La scelta della farina e del metodo dipende sempre dal risultato che vuoi portare in tavola. Se invece di una teglia alta e alveolata cerchi la classica pizza napoletana tonda con cornicione pronunciato, ti consiglio di seguire la [Ricetta pizza con farina Caputo Pizzeria]. Mentre la Nuvola è pensata per alte idratazioni e frigo, la Caputo Pizzeria è ottimizzata per lavorazioni dirette a temperatura ambiente e una stesura ‘a schiaffo
Ricetta Pizza in Teglia con Farina Caputo Nuvola
La gestione di un impasto ad alta idratazione (siamo al 70%) richiede precisione. Ecco la distinta base calibrata per il forno di casa.
Distinta Ingredienti
Resa: 2 Teglie standard (o 1 teglia 60×40)
| Ingredienti | Dosi |
|---|---|
| Farina Caputo Nuvola | 500 kg |
| Acqua fredda | 350 gr |
| Sale | 12 gr |
| Lievito di birra | 3 gr |
| Olio evo | 10gr |
PS Di seguito vi lascio i link per l’acquisto delle materie prime e attrezzature consigliate
Procedimento Operativo (Workflow)
L’impasto non si fa a caso, si costruisce. Ecco il procedimento step-by-step per la ricetta pizza in teglia con farina Caputo Nuvola:

- Start-up (Miscelazione): Inserire tutta la farina nella ciotola (o nella planetaria). Sbriciolare il lievito e aggiungere circa il 70% dell’acqua totale prevista dalla ricetta (ovvero circa 245-250 gr). Iniziare a impastare a velocità bassa per favorire la formazione della maglia glutinica senza saturare immediatamente l’impasto
- Idratazione e Chiusura: Una volta che la farina ha assorbito la prima acqua, aggiungere la restante poco alla volta. Nota tecnica: Non versate l’acqua successiva se la precedente non è stata assorbita, o “romperete” l’impasto.
- Inserimento Sale e Grassi: Quando l’impasto è formato, aggiungere il sale e l’ultima goccia d’acqua. Infine, inserire l’olio a filo e lavorare fino a completo assorbimento. L’impasto dovrà risultare liscio.

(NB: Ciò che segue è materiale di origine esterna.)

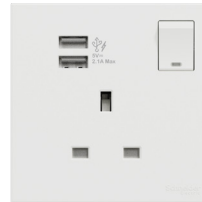

Available in three colors – white, dark gray, and wine gold.

1 Gang Socket

1 Gang Switched Socket with LED

1 Gang 3 Round Pin Switched Socket with LED

1 Gang Switched Socket with 2 USB ports and LED

1 Gang Switch with fluorescent locator

2 Gang Switch with fluorescent locator

3 Gang Switch with fluorescent locator

4 Gang Switch with fluorescent locator

1 Gang Double Pole Switch with LED – 32 A

1 Gang Double Pole Switch with LED – 20 A

2 Gang Switch with "Do Not Disturb", "Please Clean Up"

- Pieghe di Rinforzo (Folding): Questo passaggio è cruciale per la Caputo Nuvola.
- Lasciar riposare l’impasto 30 minuti.
- Fare un giro di pieghe (portare i lembi esterni verso il centro).
- Ripetere questa operazione per 3 volte (totale 1 ora e mezza). Questo serve a dare “corda” e forza all’impasto.

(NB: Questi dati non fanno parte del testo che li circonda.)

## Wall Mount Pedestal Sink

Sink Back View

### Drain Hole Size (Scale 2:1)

- Maturazione (Frigo): Riporre l’impasto in un contenitore oliato a chiusura ermetica. Mettere in frigorifero (nella parte bassa) per 15-18 ore. Qui avviene la magia: i sapori maturano e l’impasto diventa digeribile.
- Appretto (Lievitazione Finale): Tirare fuori l’impasto dal frigo. Formare due panetti da circa 430/450 gr. Chiuderli bene e lasciarli lievitare a temperatura ambiente per 4/5 ore (fino al raddoppio).
NB: Gestire un’idratazione al 70% a mano richiede una certa manualità per costruire correttamente la maglia glutinica. Se preferisci automatizzare il processo e gestire volumi maggiori (fino a 1 kg di farina) in modo rapido, puoi consultare la nostra guida tecnica sull’[Impasto pizza Bimby]. È una soluzione eccellente per ottimizzare i tempi garantendo un risultato professionale senza surriscaldare la massa
Gestione della Stesura
La stesura della pizza in teglia non è un’operazione di forza, ma di delicatezza. Dobbiamo preservare i gas che abbiamo creato con tanta fatica.
- Preparazione: Cospargere abbondante semola rimacinata sul piano di lavoro. Rovesciare il panetto nella semola.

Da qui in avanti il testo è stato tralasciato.